[Provided material]
- - -

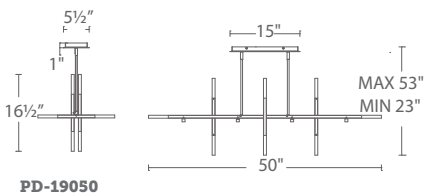

Finish

BK:
Black

Example: **PD-19050-BK**
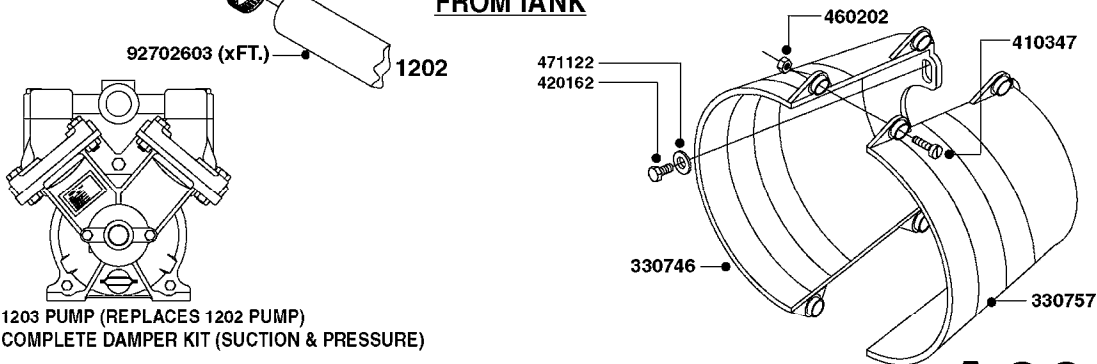

PRESSURE SIDE OF PUMP

SUCTION SIDE OF PUMP

TO CONTROLS

FROM TANK

#821630 1203 PUMP (REPLACES 1202 PUMP)  
#726854 COMPLETE DAMPER KIT (SUCTION & PRESSURE)

COMPLETE ASSEMBLIES  
WHOLEGOODS ITEMS

**A0200**

PUMP - 1200/1202/1203 FITTINGS  
A0200-HIN, 01:01:16

- - -

[What needs to be done]
The response should be the lines from the one containing "#821630 1203 PUMP (REPLACES 1202 PUMP)" through the last line of the data, set down exactly and with no other line.

[Reply to the task]
#821630 1203 PUMP (REPLACES 1202 PUMP)  
#726854 COMPLETE DAMPER KIT (SUCTION & PRESSURE)

COMPLETE ASSEMBLIES  
WHOLEGOODS ITEMS

**A0200**

PUMP - 1200/1202/1203 FITTINGS  
A0200-HIN, 01:01:16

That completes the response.